In the event that an extension of time is agreed before witness statements are due to be served which does have an effect on a subsequent key date, an application should be made to the court for the extension under CPR 3 to avoid the risk of the court not approving the agreement at trial.
Similarly, if an extension of time cannot be agreed before witness statements are due to be served, an application should be made.
2.2.1 Extending the time for serving witness statements
If no extension is agreed and witness statements are served late, an application would need to be
made for relief from sanctions (CPR 3.9). In other words, an application for relief from the sanction that the witness may not be called to give evidence (CPR 32.10). The rules contain circumstances the court is required to take into account when deciding whether to include the witness evidence
2.3 Presentation of evidence
The court retains discretion on the presentation of evidence at trial.
Rather than the witness statement standing as the only evidence in chief, a witness giving oral evidence at trial may, with the permission of the court, amplify the witness statement or give evidence in relation to new matters which have arisen since the witness statement was served (CPR 32.5(3)). However, the court is unlikely to permit the amplification of evidence that is
essentially a late, unjustified change of tack or, for example, to remedy deficiencies as this would create injustice to the other party contrary to the overriding objective (CPR 1.1).
2.3 Presentation of evidence
The court may limit cross-examination (CPR 32.1(3)).
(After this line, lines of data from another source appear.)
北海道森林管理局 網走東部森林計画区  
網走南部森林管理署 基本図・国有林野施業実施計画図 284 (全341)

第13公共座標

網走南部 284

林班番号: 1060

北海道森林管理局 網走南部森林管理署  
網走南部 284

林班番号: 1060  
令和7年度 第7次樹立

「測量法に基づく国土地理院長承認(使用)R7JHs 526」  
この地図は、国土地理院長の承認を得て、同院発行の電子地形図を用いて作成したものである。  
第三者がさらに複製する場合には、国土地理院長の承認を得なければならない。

A witness statement may only be used for the proceedings in which it is served unless the witness or the court has given permission for some other use or it has been put in evidence at a hearing held in public (CPR 32.12).
2.4 Witness statements for interim applications
In practice, the vast majority of interim applications (for example, requesting an extension of time for filing a defence) must be supported by written evidence setting out the facts that justify the application (for example, that further time is needed to gather important information to draft the defence). In many cases, a respondent will wish to rely on written evidence to oppose the
application. Unless the written evidence is contained within a statement of case or an application
notice verified by a statement of truth, it will often be in a witness statement and address the issues in the interim application only.
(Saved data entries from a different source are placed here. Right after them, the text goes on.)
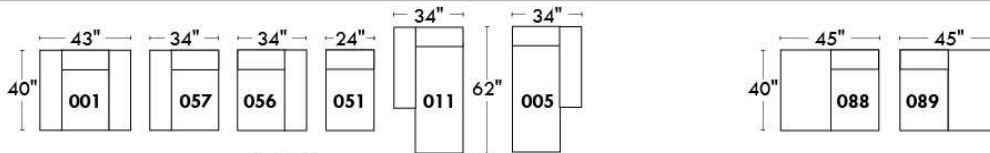

Siège 23" de large | 23" Seat Width

Fauteuil berçant,
pivotant et inclinable

Swivel rocking
motion chair

Autres | Others
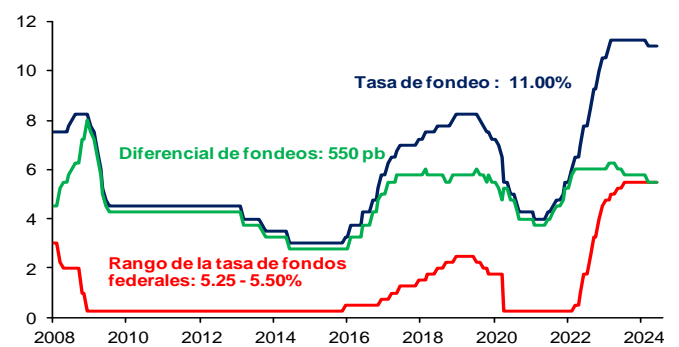

Evolución CETES 28d

Tasa de fondeo e inflación

Diferencia entre CETES y TIIE 28d (ptos. porcent.)

Diferencial tasa de fondeo vs Fondos Federales

Tasas Reales CETE 28 expost

Volatilidad de CETES

Tasas real a 10 años

Tasa del bono a 10 años
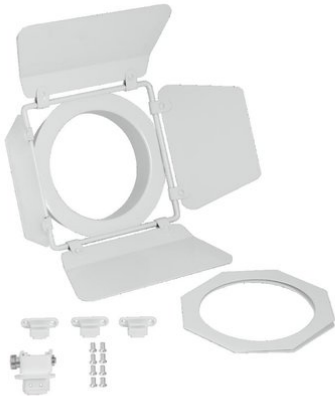

eurolite®

Flügelbegrenzer für THA-40/60PC WS

Empfehlenswertes Zubehör

Art.-Nr.: 41602143

GTIN: 4026397579505

Listenpreis: 42.72 €
inkl. 19% MwSt.

eurolite®

Flügelbegrenzer für THA-40/60PC WS

Empfehlenswertes Zubehör

Art.-Nr.: 41602143

GTIN: 4026397579505

Features:

- Zur Einstellung des gewünschten Lichtkegels
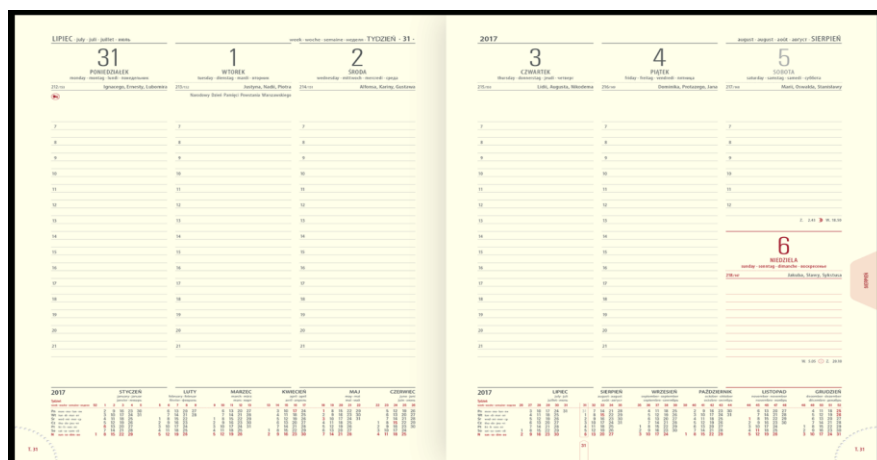

# Kalendarze linia Classic

## A4 CLASSIC

01

09

15

20

22

31,01 netto
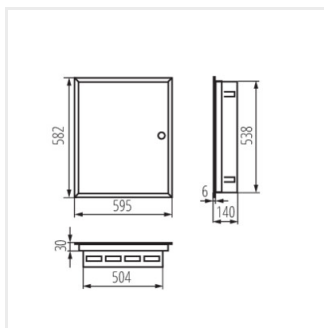

KP-DB-I-MF-324

2.4 Witness statements for interim applications
The general rule is that any fact which needs to be proved by the evidence of witnesses other than for trial is to be proved by their evidence in writing (CPR 32.2(1)(b)) – so the witness does not generally ‘give evidence’ in person at the interim hearing and is not cross-examined, the court relies solely on the witness statement. This is fundamentally different to the general rule that
applies to trial. However, any party may apply for permission to cross-examine the person giving the evidence (CPR 32.7), although this is very unusual.
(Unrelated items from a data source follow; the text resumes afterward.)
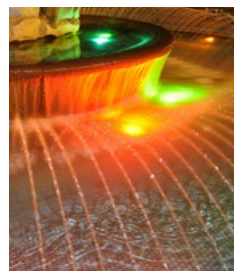

Τεχνικά Χαρακτηριστικά Technical data	Μονόχρωμο Monochrome					Πολύχρωμο Multicolour
Μοντέλο Model	ULFD-8A9-CW	ULFD-8A9-O	ULFD-8A9-B	ULFD-8A9-R	ULFD-8A9-G	ULFD-8A9-M
Χρώμα Colour	Cool White	Orange	Blue	Red	Green	RGB
Αριθμός led No. of leds	9	9	9	9	9	9
Kelvin	6500 K	-	-	-	-	-
Lumen	2340	558	570	997	1620	1062
Μήκος κύματος Wavelength	-	585 nm	450 nm	620 nm	520 nm	-
Ισχύς κατανάλωσης Power consumption	22 W	9 W	22 W	14 W	22 W	22 W
Τάση Voltage	12V-AC, 50/60Hz	12V-AC, 50/60Hz	12V-AC, 50/60Hz	12V-AC, 50/60Hz	12V-AC, 50/60Hz	12V-AC, 50/60Hz
Τύπος/διάμετρος λάμπας Bulb type/diameter	Ανοιχτού τύπου πλακέτα CREE XP-E / 100mm Open type led board CREE XP-E/100mm					
Γωνία ακτινοβολίας Radiation angle	25° beam (ανάλογα με το φακό που χρησιμοποιείται) 25° beam (depending on the used lens)					
Θερμοκρασία λειτουργίας Operating temperature	έως +70°C up to +70°C	έως +70°C up to +70°C	έως +70°C up to +70°C	έως +70°C up to +70°C	έως +70°C up to +70°C	έως +70°C up to +70°C
Καλώδιο H07RN-F Cable H07RN-F	2,15 m - 2x1,5 mm²
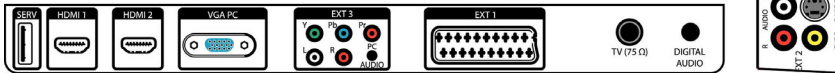

Hang

- Kimeneti teljesítmény (RMS): 2 x 3 W
- Hangrendszer: Monó, Sztéreo
- Hangszávitás: Automatikus hangerő-kiegyenlítő, Incredible Surround, Smart Sound

Csatlakoztathatóság

- EasyLink (HDMI-CEC): Lejtás egy gombnyomásra, Rendszerkészlet
- Ext 1 Scart: Audio B/J, CVBS be/ki, RGB
- HDMI 1: HDMI 1.3
- HDMI 2: HDMI 1.3
- Egyéb csatlakozások: Fejhallgató-kimenet, PC audio be, VGA PC-bemenet, S/PDIF kimenet (koaxiális), Általános interfész
- Ext 3: YPbPr, Audió L/R bemenet
- Ext 2: S-video be, CVBS be, Audió L/R bemenet
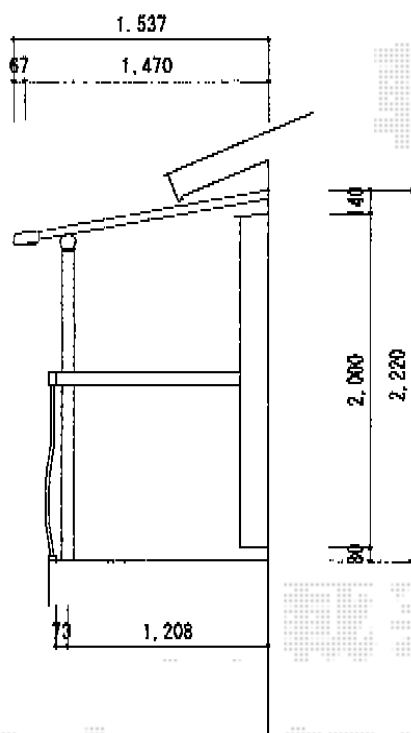

ヴェクターテラス F型 屋根タイプ 単体 積雪～20cm対応

YKK AP ヴェクターテラス F型 屋根タイプ 単体 積雪～20cm対応
間口=関東間2間 (柱芯々3,358mm 屋根幅3,670mm)
出幅=5尺 (1,470mm)
色: ブラウン
屋根材: ポリカーボネート (クリアマット/すりガラス調)
柱仕様: 柱奥行移動タイプ
施工方法: 下止め
オプション: 吊り下げ物干し 標準 2本入

現場状況や作図制限により概略図の内容と多少の違いが生じることがございます。
施工時は、現場優先とさせて頂きたく思いますので、お立会い頂き、
最終のご指示のほど、何卒、宜しくお願い致します。

EX-SHOP
HTTP://WWW.EX-SHOP.NET

担当: 堀
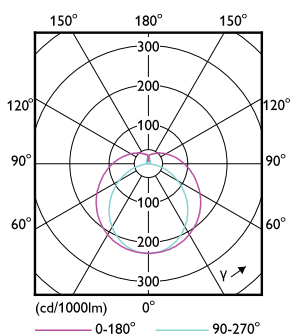

Målskisse

Product	D1	D2	A1	A2	A3
MAS LEDtube HF 900mm HO 18.5W 840 T5	15,5 mm	16/19 mm	849 mm	856 mm	863 mm

Fotometriske data

Light Distribution Diagram

Spectral Power Distribution Colour

MASTER LEDtube InstantFit HF T5
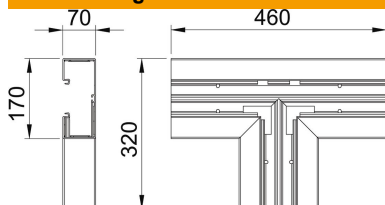

Technisches Datenblatt

T-Stück, für Geräteeinbaukanal Rapid 80 Typ GKH-70170

Artikelnummer: 6114370

T-Stück aus halogenfreiem PC/ABS zur Richtungsänderung der GKH Geräteeinbaukanäle.

Polycarbonat/Acrylnitril-Butadien-Styrol

Stammdaten

Artikelnummer	6114370
Typ	GKH-T70170RW
Bezeichnung 1	T-Stück halogenfrei
Hersteller	OBO
Dimension	70x170
Farbe	reinweiß; RAL 9010
Werkstoff	Polycarbonat/Acrylnitril-Butadien-Styrol
Kleinste VK-Einheit	1
Mengeneinheit	Stück
Gewicht	96 kg
Gewichtseinheit	kg/100 St.

Abmessungen

Länge	460 mm
Breite	170 mm
Höhe	70 mm

Technisches Datenblatt

T-Stück, für Geräteeinbaukanal Rapid 80 Typ GKH-70170

Artikelnummer: 6114370

Technische Daten

Anzahl der Oberteile	0
Ausführung	Unterteil
für Kanalbreite	170 mm
für Kanalhöhe	70 mm
Halogenfrei	ja
Kabelhalteklammer	nein
Kanalverbinder	nein
Montageart der Oberteile	innenliegend
Montagelochung im Boden	ja
Oberteilbreite	76,5 mm
Oberteilbreite 2	0 mm
Oberteilbreite 3	0 mm
Schutzart	IP30
Schutzfolie	ja
Schutzgrad IK-Code	IK08
Symmetrisch	ja
Temperatureinsatzbereich max.	90 °C
Temperatureinsatzbereich min.	-15 °C
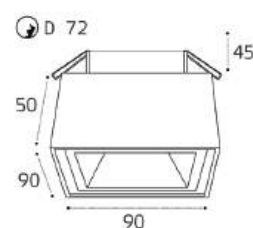

GU10 / сменная лампа
9W (max)
IP20
Цвет: черный

IT06-6019 WHITE 3000K
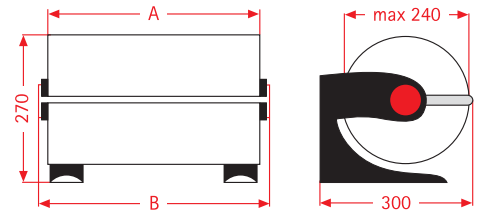

Wand-Abroller
wall dispenser
dérouleur mural

2.5 Content of witness statements
A witness statement should cover every fact that needs to be proved by the witness’ evidence. A witness statement must be in the witness’ own words although it will usually be drafted by a lawyer. The lawyer ‘proofs’ the witness by interview, produces a draft statement and then allows the witness to amend it as appropriate.
2.5 Content of witness statements
One way of deciding on relevant content is to ask:
(a) What is the argument?
(b) What is the legal basis for the argument?
(c) What are the facts that this witness can speak about that support the legal argument? These are what should be set out in the witness evidence.
2.5.1 Opinion evidence
The general rule is that the opinions of witnesses are not admissible. Witnesses are normally confined to stating the facts. The reasoning behind this rule is that it is the role of the court to form any opinions which need to be formed, and there is a risk that the court may be unduly influenced by the opinion of a witness who may not be as impartial as the court. The court must draw its own inferences from the facts stated.